As mentioned in the Introduction, the fault detection is actually based on tolerances (thresholds). However, it seems reasonable to present it as a pattern recognition problem like we do at the fault recognition stage. Classification D1,D2,...,Dq created for the purpose of fault localization and presented in Figure 5 corresponds to a hypothetical fleet of engines with different faults of variable severity. To form the classification for fault detection, we can reasonably accept that the engine fleet and the distributions of faults are the same. Paper [25] explains how to use patterns of the existing classification D1,D2,...,Dq for two new classes of healthy and faulty engines. The boundary between these classes corresponds to maximal error of the normalized deviations and is determined as a sphere of radius R = 1. The patterns, for which a vector of true deviations (without errors) is situated inside the sphere, form the healthy engine class; the others create the faulty engine class. It is clear that the patterns (deviation vectors with noise) of these two classes are partly intersected, resulting in α- and β-errors during the detection. Figure 8 illustrates the new classification; the intersection is clearly seen. Two variations of the new classification based on single and multiple original classes have been prepared.

Figure 8.

Patterns-based classification for monitoring.

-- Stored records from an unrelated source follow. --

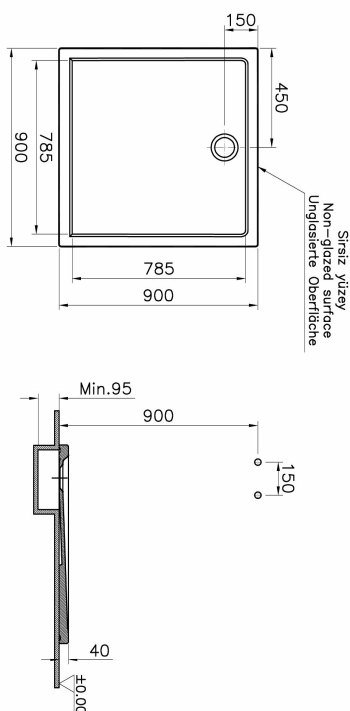

**Collection:** Cascade

Cascade receveur ultra plat en céramique, 3 faces émaillés, carré, 900 mm, sans VitrA Antislip (traitement antidérapant), classification antidérapant A / PN12, poser / encastrer, blanc haute brillance, bonde ø 90 mm, sans système d'écoulement. Important: Un décaissement dans le sol est nécessaire! La tolérance de la céramique peut varier de + / - 10 mm

**Caractéristiques techniques****Hauteur:** 40**Marque:** VitrA**Épaisseur:** Ultra Flat**Finition:** Hygiene**Profondeur / Longueur:** 900**Largeur:** 900**Garantie:** 2**Segments:** Moyenne gamme**Certificat:** NF**Couleur:** Blanc**Designer:** Équipe design de VitrA**Principaux atouts**

## Dessin technique

**Description:** Cascade receveur ultra plat en céramique, 3 faces émaillées, carré, 900 mm, sans VitrA Antislip (traitement antidérapant), classification antidérapant A / PN12, poser / encastrer, blanc haute brillance, bonde  $\varnothing$  90 mm, sans système d'écoulement. Important: Un décaissement dans le sol est nécessaire! La tolérance de la céramique peut varier de + / - 10 mm

**Hauteur:**40, **Marque:**VitrA, **Épaisseur:**Ultra Flat, **Finition:**Hygiène, **Profondeur / Longueur:**900, **Largeur:**900, **Garantie:**2, **Segments:**Moyenne gamme, **Certificat:**NF, **Couleur:**Blanc, **Designer:**Équipe design de VitrA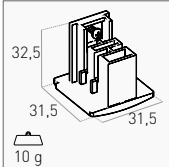

**GIUNTO A T-T-JOINT**

POWER				
Destro - Sinistro / Left - Right	White □	ACBNRBI-CNT	19,00 €	
	Black ■	ACBNRNE-CNT		
Sinistro - Destro / Right - Left	White □	ACBNRBI-CNTL1		20,50 €
	Black ■	ACBNRNE-CNTL1		
Sinistro - Sinistro / Left - Left	White □	ACBNRBI-CNTL2		
	Black ■	ACBNRNE-CNTL2		
Destro - Destro / Right - Right	White □	ACBNRBI-CNTR		
	Black ■	ACBNRNE-CNTR		

**GIUNTO A L-L-JOINT**

POWER				
Sinistro / Left	White □	ACBNRBI-CNL	14,00 €	
	Black ■	ACBNRNE-CNL		
Destro / Right	White □	ACBNRBI-CNR		
	Black ■	ACBNRNE-CNR		

**TERMINALE END CAP**

White □	ACBNRBI-CNEND	1,00 €
Black ■	ACBNRNE-CNEND	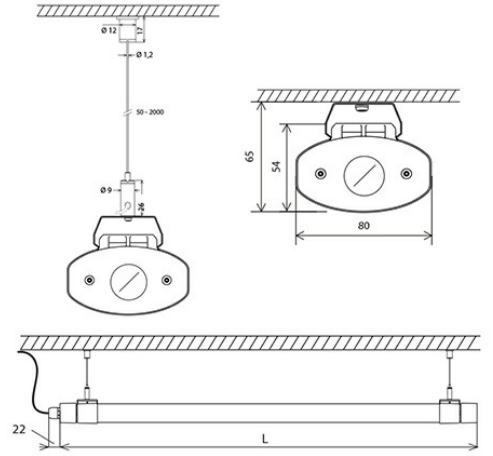

McLED Comet D

Toto svítidlo obsahuje zabudované světelné zdroje LED.

A++
A+
A
C
D
E

LED

Světelné zdroje v tomto svítidle nelze vyměnit.

874/2012

McLED Comet D

This luminaire contains built-in LED lamps.

A++
A+
A
C
D
E

LED

The lamps cannot be changed in the luminaire.

874/2012

Since new patterns-based classification (learning and testing sets) is ready, we can use any recognition technique to perform fault detection, and the MLP has been selected once more. It conserved sigmoid transfer functions and the hidden layer size of 12. Given that a threshold-based approach, which classifies pattern vectors according to their length, is traditionally used in fault detection, the algorithm with a distance measure (r-criterion) was also developed and compared with the MLP. Since the consequences of α- and β-errors are quite different (α-error is always considered as more dangerous), reduced losses c¯=Pβ+cαcβPα were introduced to quantify monitoring effectiveness, where Pα and Pβ are probabilities of α- and β-errors, cα and cβ denote the corresponding losses, and cαcβare equal to 10.

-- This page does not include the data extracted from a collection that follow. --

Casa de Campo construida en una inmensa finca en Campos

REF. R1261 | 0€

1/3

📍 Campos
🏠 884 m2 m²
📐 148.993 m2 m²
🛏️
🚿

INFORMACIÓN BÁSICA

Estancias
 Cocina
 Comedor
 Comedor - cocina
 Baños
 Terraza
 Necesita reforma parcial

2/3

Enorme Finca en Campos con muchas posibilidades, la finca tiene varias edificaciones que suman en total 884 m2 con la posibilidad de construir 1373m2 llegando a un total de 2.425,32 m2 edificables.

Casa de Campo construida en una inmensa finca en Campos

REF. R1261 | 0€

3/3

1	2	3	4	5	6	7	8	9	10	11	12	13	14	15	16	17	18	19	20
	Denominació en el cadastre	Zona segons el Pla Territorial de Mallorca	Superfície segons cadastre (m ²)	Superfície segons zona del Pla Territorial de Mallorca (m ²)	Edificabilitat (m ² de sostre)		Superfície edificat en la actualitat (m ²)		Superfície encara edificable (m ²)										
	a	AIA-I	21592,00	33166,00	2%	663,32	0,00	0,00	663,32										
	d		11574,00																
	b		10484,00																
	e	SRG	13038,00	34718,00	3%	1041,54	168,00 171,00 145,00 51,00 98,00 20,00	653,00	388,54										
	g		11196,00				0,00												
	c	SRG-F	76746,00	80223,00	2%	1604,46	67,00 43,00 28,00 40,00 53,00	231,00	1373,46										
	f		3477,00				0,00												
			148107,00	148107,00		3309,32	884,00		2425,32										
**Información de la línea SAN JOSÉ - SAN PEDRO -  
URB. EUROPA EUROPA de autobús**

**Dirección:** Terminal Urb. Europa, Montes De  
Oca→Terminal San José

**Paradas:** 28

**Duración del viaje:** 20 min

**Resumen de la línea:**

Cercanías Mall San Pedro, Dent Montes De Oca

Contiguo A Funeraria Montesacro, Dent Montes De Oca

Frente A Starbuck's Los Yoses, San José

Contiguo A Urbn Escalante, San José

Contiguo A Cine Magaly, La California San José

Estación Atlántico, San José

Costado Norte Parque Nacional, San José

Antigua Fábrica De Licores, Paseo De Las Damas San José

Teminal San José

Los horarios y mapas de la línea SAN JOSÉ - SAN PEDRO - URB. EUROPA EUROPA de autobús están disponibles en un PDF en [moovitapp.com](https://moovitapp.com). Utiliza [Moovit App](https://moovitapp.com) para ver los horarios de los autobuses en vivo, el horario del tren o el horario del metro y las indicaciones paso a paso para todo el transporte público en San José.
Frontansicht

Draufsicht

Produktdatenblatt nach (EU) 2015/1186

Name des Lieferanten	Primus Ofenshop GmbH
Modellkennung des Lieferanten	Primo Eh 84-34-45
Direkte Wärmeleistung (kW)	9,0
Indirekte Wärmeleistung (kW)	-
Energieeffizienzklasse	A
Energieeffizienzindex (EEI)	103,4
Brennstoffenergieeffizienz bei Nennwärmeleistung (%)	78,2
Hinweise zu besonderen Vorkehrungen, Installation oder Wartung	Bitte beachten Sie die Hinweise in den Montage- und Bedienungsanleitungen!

Figure 9 shows the plots of the reduced losses versus the radius r. For the MLP the change of r was simulated by the corresponding change of the boundary radius R during pattern separation in the learning set. It can be seen that the introduction of an additional threshold r, which is different from the boundary, reduces monitoring errors for both techniques. The best results correspond to the minimums of the curves. By comparing them, we can conclude that the network (MLP) provides better results for single classes, and the techniques are equal for multiple classes. In general for all comparison cases, the MLP slightly outperforms the r-criterion-based technique. Thus, the perceptron can be successfully applied for real gas turbine fault detection.

Figure 9.

Reduced losses due to monitoring errors versus the threshold radius r.


7. Fault localization stage optimization

To draw sound conclusions about the ANN applicability for gas turbine fault localization, the comparison of the chosen networks was repeated for many comparison cases formed by independent variation of the main influencing factors: engines, operating modes, simulated or real information, and class types. In this way not only the best network is chosen but also the influence of these factors on diagnosis results is determined helping with the optimization of a total diagnostic process. For the purpose of correct comparison, the networks were tailored to a concrete task to solve.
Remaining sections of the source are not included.